The key here is to understand what "I feel the builder is contradicting the terms of the PSA" means, if your lawyer is already suggesting litigation (which is the worst and last option - ask me how I know) it leads me to believe you probably don't have leverage and your lawyer is indirectly telling you that.

What's your lawyer's take on the 'contradicting terms of the PSA'? Does he agree with you? If he does then he should have alternatives other than litigation.
Thank you for this great perspective.

My lawyer was non committal in advising me if he agreed with me on whether the builder is violating the PSA. My lawyer essentially said if I feel they are in the wrong, then I should email the builder (which I've done) and if the builder still refuses to budge, then I should decide if I want to engage litigation council if I wish to go there.

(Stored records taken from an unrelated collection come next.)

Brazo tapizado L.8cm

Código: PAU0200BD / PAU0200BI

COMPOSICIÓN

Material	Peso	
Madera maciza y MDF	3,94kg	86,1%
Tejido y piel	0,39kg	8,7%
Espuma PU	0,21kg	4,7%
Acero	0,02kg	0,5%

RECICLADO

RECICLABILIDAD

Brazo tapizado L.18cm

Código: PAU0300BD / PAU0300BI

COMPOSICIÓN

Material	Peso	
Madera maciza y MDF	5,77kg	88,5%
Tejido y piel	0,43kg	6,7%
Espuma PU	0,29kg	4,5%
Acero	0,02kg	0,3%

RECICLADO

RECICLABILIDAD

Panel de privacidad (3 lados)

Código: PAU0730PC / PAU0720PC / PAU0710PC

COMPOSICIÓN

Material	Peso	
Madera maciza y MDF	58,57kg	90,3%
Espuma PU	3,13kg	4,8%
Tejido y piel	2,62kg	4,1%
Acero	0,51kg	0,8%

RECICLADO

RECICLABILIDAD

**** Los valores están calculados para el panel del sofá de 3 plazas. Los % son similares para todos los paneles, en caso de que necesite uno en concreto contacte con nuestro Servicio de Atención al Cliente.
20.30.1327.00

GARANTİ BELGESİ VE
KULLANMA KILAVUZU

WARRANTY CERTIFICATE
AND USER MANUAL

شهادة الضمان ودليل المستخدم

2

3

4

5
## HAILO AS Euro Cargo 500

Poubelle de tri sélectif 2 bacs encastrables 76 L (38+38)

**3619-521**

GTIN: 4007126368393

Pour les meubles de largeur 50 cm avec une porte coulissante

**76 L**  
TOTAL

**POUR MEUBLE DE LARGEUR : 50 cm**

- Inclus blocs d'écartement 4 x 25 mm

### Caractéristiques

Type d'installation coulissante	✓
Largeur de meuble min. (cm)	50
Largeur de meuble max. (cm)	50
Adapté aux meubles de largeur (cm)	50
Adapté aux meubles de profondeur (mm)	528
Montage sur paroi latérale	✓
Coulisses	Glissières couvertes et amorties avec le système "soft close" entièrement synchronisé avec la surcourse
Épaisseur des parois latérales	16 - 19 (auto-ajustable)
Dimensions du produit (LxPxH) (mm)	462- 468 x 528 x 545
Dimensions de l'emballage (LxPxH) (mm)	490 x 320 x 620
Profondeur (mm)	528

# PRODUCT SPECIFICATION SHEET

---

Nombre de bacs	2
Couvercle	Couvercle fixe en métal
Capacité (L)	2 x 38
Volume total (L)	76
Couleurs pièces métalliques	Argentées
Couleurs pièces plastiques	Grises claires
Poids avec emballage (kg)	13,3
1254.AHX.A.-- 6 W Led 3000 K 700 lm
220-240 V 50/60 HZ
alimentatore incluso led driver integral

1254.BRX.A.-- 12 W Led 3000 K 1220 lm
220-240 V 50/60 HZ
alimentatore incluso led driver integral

My lawyer is putting the onus all me to decide what to do at each step without any real advise. The impact of this situation is $10k+ however the effort and energy needed to battle this out in litigation is something I would need to consider. An alternative approach I'm contemplating is getting my RE agent involved to see if he can help broker an understanding with the builder (my perspective is my RE agent has the contacts/relationships with the builder that could help broker a resolution).
[OP]
Sr. Member
Sep 11, 2017
517 posts
378 upvotes
joepipe wrote: big money to go through litigation, is it worth it ? you need to work out the pros and cons of whatever this disagreement is with your builder....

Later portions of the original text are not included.